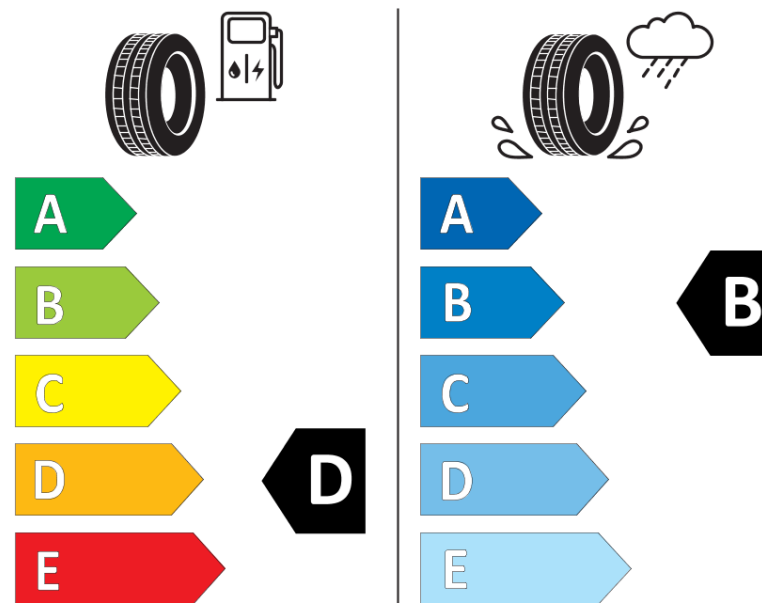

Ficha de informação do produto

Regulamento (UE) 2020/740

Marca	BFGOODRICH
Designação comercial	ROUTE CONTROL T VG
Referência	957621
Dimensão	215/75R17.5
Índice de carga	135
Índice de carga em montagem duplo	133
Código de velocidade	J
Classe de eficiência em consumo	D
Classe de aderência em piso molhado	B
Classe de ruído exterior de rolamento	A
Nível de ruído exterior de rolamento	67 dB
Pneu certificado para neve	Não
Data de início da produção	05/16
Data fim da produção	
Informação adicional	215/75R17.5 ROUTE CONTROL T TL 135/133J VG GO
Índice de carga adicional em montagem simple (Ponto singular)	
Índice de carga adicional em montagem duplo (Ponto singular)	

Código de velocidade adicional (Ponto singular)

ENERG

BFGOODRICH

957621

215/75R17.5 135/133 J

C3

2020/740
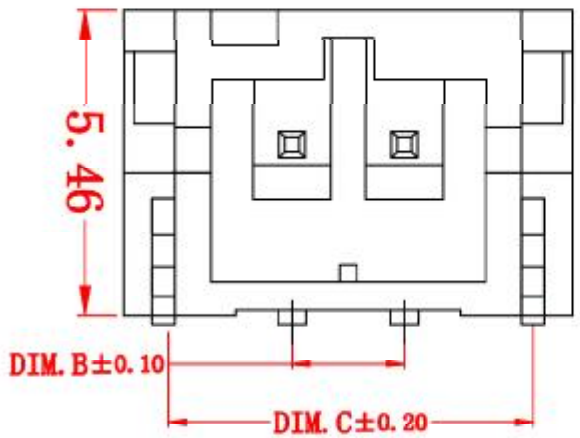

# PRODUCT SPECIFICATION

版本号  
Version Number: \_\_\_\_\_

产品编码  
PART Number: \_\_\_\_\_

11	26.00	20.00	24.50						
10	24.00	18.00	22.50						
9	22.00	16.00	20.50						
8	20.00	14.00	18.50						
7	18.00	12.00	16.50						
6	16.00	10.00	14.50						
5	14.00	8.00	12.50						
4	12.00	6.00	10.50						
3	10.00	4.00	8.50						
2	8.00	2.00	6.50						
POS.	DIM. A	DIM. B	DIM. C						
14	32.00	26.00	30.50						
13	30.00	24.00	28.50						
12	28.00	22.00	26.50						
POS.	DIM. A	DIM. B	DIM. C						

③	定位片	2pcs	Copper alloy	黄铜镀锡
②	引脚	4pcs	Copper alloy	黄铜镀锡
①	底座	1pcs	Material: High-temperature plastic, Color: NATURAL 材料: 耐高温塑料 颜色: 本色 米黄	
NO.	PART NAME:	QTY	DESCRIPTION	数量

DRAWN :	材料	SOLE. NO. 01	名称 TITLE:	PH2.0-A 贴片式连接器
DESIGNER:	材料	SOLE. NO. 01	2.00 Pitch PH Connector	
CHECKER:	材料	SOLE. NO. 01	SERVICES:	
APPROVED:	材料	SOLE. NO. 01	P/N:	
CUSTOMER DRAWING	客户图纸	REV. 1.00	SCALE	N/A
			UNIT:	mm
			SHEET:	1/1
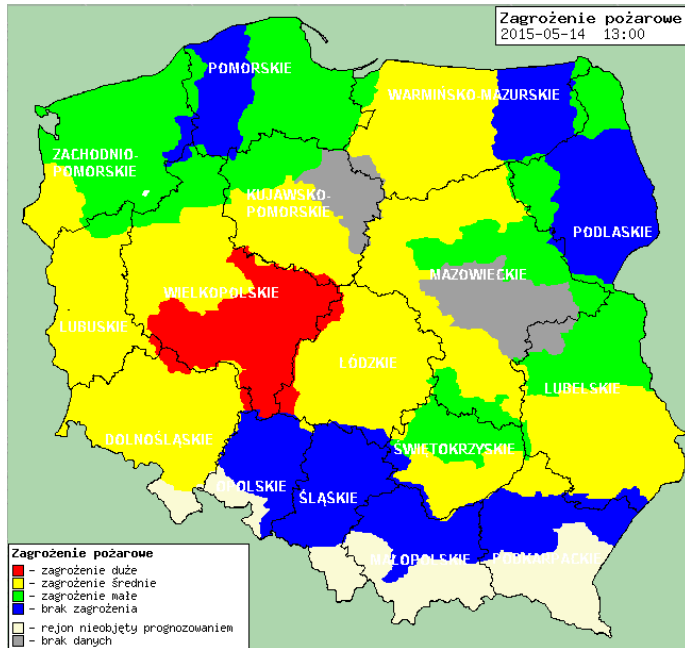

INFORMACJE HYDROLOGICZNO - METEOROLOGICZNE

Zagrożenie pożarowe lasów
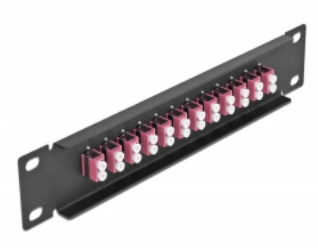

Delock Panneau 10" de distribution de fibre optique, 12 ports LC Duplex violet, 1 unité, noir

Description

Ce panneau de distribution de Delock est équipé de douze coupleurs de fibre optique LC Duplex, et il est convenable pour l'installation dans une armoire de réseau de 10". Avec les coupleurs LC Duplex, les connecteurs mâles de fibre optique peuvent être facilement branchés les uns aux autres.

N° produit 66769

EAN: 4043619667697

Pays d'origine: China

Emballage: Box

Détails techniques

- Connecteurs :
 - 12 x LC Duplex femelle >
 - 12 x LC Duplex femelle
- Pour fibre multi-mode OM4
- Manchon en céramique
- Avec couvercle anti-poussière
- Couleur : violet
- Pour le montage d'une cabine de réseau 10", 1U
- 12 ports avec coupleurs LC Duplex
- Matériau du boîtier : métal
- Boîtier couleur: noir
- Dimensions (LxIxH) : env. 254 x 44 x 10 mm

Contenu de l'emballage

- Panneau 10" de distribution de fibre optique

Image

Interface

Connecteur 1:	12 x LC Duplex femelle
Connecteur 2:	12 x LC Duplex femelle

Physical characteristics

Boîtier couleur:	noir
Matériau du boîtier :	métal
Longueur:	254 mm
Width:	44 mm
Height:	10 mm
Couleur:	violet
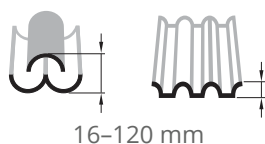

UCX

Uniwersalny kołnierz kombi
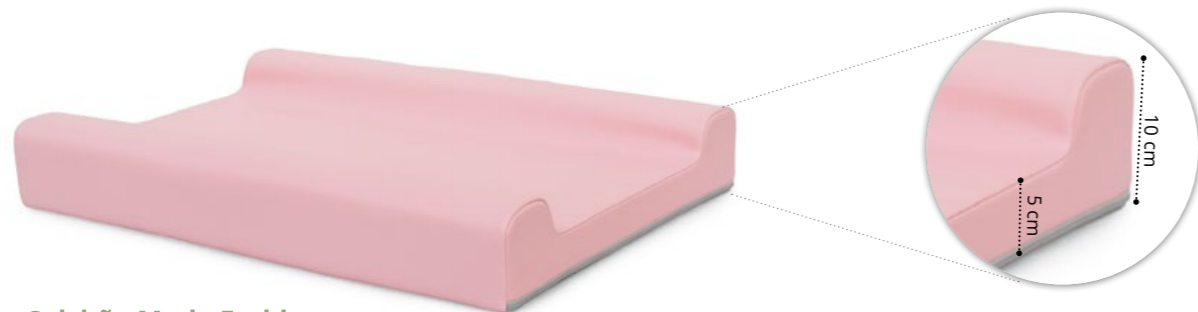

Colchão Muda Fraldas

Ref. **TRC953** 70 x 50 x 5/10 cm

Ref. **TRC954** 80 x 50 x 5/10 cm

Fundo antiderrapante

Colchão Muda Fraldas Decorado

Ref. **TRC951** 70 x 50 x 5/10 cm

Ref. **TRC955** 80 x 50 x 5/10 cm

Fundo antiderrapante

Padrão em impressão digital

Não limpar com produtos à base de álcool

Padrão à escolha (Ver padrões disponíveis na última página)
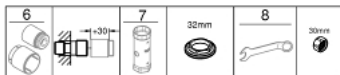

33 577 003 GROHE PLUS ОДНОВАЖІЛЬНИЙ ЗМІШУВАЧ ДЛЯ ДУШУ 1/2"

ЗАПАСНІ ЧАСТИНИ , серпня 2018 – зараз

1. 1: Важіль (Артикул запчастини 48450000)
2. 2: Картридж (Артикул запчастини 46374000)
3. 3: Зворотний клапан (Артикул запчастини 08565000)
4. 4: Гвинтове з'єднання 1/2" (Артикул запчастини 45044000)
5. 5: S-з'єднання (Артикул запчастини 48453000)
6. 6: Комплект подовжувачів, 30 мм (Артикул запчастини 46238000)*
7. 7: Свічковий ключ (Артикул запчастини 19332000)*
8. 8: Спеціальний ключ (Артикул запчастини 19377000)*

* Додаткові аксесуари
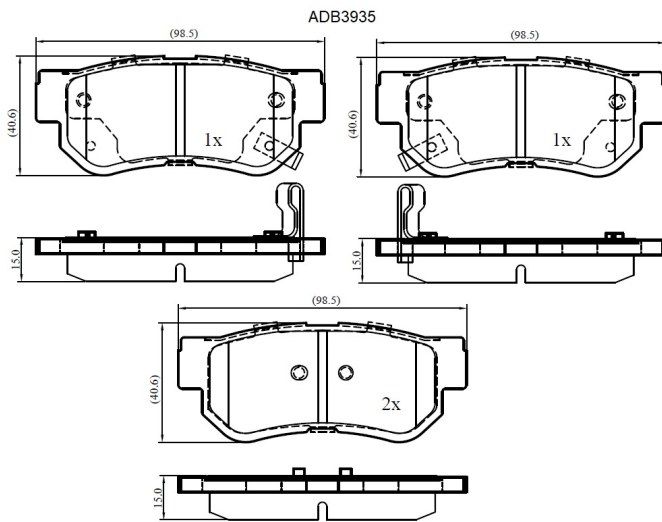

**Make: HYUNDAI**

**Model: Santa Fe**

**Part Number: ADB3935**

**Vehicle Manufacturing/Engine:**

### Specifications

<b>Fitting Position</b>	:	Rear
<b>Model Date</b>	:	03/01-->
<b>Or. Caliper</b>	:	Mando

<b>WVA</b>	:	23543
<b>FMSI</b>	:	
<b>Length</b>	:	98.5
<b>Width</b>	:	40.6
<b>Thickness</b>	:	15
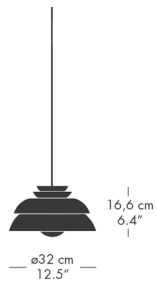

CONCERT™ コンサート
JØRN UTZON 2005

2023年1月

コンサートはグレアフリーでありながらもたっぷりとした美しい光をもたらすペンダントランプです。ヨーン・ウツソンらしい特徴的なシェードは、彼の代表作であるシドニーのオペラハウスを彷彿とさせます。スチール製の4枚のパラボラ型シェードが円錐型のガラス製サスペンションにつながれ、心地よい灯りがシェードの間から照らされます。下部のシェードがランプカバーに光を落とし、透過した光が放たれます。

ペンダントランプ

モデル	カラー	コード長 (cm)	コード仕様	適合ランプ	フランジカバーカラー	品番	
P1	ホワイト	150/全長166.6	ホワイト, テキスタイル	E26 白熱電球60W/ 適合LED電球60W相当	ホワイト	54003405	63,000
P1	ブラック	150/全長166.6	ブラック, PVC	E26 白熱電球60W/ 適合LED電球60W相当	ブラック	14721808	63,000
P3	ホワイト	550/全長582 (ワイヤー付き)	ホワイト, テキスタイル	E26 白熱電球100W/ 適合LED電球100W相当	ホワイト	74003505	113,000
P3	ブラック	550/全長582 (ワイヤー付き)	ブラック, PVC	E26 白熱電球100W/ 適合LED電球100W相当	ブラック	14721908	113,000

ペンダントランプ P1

◆ ◆ ◆ ◆ ◆

▶ WHAT YOU SHOULD DO
Excluding the pictures, transcribe each entry above word for word.

▶ RESULT BELOW
Ficha de informação do produto

Regulamento (UE) 2020/740

Marca	BFGOODRICH
Designação comercial	ROUTE CONTROL T VG
Referência	957621
Dimensão	215/75R17.5
Índice de carga	135
Índice de carga em montagem duplo	133
Código de velocidade	J
Classe de eficiência em consumo	D
Classe de aderência em piso molhado	B
Classe de ruído exterior de rolamento	A
Nível de ruído exterior de rolamento	67 dB
Pneu certificado para neve	Não
Data de início da produção	05/16
Data fim da produção	
Informação adicional	215/75R17.5 ROUTE CONTROL T TL 135/133J VG GO
Índice de carga adicional em montagem simple (Ponto singular)	
Índice de carga adicional em montagem duplo (Ponto singular)	

Código de velocidade adicional (Ponto singular)

ENERG

BFGOODRICH

957621

215/75R17.5 135/133 J

C3

2020/740

# PRODUCT SPECIFICATION

版本号  
Version Number: \_\_\_\_\_

产品编码  
PART Number: \_\_\_\_\_

11	26.00	20.00	24.50						
10	24.00	18.00	22.50						
9	22.00	16.00	20.50						
8	20.00	14.00	18.50						
7	18.00	12.00	16.50						
6	16.00	10.00	14.50						
5	14.00	8.00	12.50						
4	12.00	6.00	10.50						
3	10.00	4.00	8.50						
2	8.00	2.00	6.50						
POS.	DIM. A	DIM. B	DIM. C						
14	32.00	26.00	30.50						
13	30.00	24.00	28.50						
12	28.00	22.00	26.50						
POS.	DIM. A	DIM. B	DIM. C						

③	定位片	2pcs	Copper alloy	黄铜镀锡
②	引脚	4pcs	Copper alloy	黄铜镀锡
①	底座	1pcs	Material: High-temperature plastic, Color: NATURAL 材料: 耐高温塑料 颜色: 本色 米黄	
NO.	PART NAME:	QTY	DESCRIPTION	数量

DRAWN :	材料	SOLE. NO. 01	名称 TITLE:	PH2.0-A 贴片式连接器
DESIGNER:	材料	SOLE. NO. 01	2.00 Pitch PH Connector	
CHECKER:	材料	SOLE. NO. 01	SERVICES:	
APPROVED:	材料	SOLE. NO. 01	P/N:	
CUSTOMER DRAWING	客户图纸	REV. 1.00	SCALE	N/A
			UNIT:	mm
			SHEET:	1/1

INFORMACJE HYDROLOGICZNO - METEOROLOGICZNE

Zagrożenie pożarowe lasów

Delock Panneau 10" de distribution de fibre optique, 12 ports LC Duplex violet, 1 unité, noir

Description

Ce panneau de distribution de Delock est équipé de douze coupleurs de fibre optique LC Duplex, et il est convenable pour l'installation dans une armoire de réseau de 10". Avec les coupleurs LC Duplex, les connecteurs mâles de fibre optique peuvent être facilement branchés les uns aux autres.

N° produit 66769

EAN: 4043619667697

Pays d'origine: China

Emballage: Box

Détails techniques

- Connecteurs :
 - 12 x LC Duplex femelle >
 - 12 x LC Duplex femelle
- Pour fibre multi-mode OM4
- Manchon en céramique
- Avec couvercle anti-poussière
- Couleur : violet
- Pour le montage d'une cabine de réseau 10", 1U
- 12 ports avec coupleurs LC Duplex
- Matériau du boîtier : métal
- Boîtier couleur: noir
- Dimensions (LxIxH) : env. 254 x 44 x 10 mm

Contenu de l'emballage

- Panneau 10" de distribution de fibre optique

Image

Interface

Connecteur 1:	12 x LC Duplex femelle
Connecteur 2:	12 x LC Duplex femelle

Physical characteristics

Boîtier couleur:	noir
Matériau du boîtier :	métal
Longueur:	254 mm
Width:	44 mm
Height:	10 mm
Couleur:	violet

UCX

Uniwersalny kołnierz kombi

Colchão Muda Fraldas

Ref. **TRC953** 70 x 50 x 5/10 cm

Ref. **TRC954** 80 x 50 x 5/10 cm

Fundo antiderrapante

Colchão Muda Fraldas Decorado

Ref. **TRC951** 70 x 50 x 5/10 cm

Ref. **TRC955** 80 x 50 x 5/10 cm

Fundo antiderrapante

Padrão em impressão digital

Não limpar com produtos à base de álcool

Padrão à escolha (Ver padrões disponíveis na última página)

33 577 003 GROHE PLUS ОДНОВАЖІЛЬНИЙ ЗМІШУВАЧ ДЛЯ ДУШУ 1/2"

ЗАПАСНІ ЧАСТИНИ , серпня 2018 – зараз

1. 1: Важіль (Артикул запчастини 48450000)
2. 2: Картридж (Артикул запчастини 46374000)
3. 3: Зворотний клапан (Артикул запчастини 08565000)
4. 4: Гвинтове з'єднання 1/2" (Артикул запчастини 45044000)
5. 5: S-з'єднання (Артикул запчастини 48453000)
6. 6: Комплект подовжувачів, 30 мм (Артикул запчастини 46238000)*
7. 7: Свічковий ключ (Артикул запчастини 19332000)*
8. 8: Спеціальний ключ (Артикул запчастини 19377000)*

* Додаткові аксесуари

**Make: HYUNDAI**

**Model: Santa Fe**

**Part Number: ADB3935**

**Vehicle Manufacturing/Engine:**

### Specifications

<b>Fitting Position</b>	:	Rear
<b>Model Date</b>	:	03/01-->
<b>Or. Caliper</b>	:	Mando

<b>WVA</b>	:	23543
<b>FMSI</b>	:	
<b>Length</b>	:	98.5
<b>Width</b>	:	40.6
<b>Thickness</b>	:	15

CONCERT™ コンサート
JØRN UTZON 2005

2023年1月

コンサートはグレアフリーでありながらもたっぷりとした美しい光をもたらすペンダントランプです。ヨーン・ウツソンらしい特徴的なシェードは、彼の代表作であるシドニーのオペラハウスを彷彿とさせます。スチール製の4枚のパラボラ型シェードが円錐型のガラス製サスペンションにつながれ、心地よい灯りがシェードの間から照らされます。下部のシェードがランプカバーに光を落とし、透過した光が放たれます。

ペンダントランプ

モデル	カラー	コード長 (cm)	コード仕様	適合ランプ	フランジカバーカラー	品番	
P1	ホワイト	150/全長166.6	ホワイト, テキスタイル	E26 白熱電球60W/ 適合LED電球60W相当	ホワイト	54003405	63,000
P1	ブラック	150/全長166.6	ブラック, PVC	E26 白熱電球60W/ 適合LED電球60W相当	ブラック	14721808	63,000
P3	ホワイト	550/全長582 (ワイヤー付き)	ホワイト, テキスタイル	E26 白熱電球100W/ 適合LED電球100W相当	ホワイト	74003505	113,000
P3	ブラック	550/全長582 (ワイヤー付き)	ブラック, PVC	E26 白熱電球100W/ 適合LED電球100W相当	ブラック	14721908	113,000

ペンダントランプ P1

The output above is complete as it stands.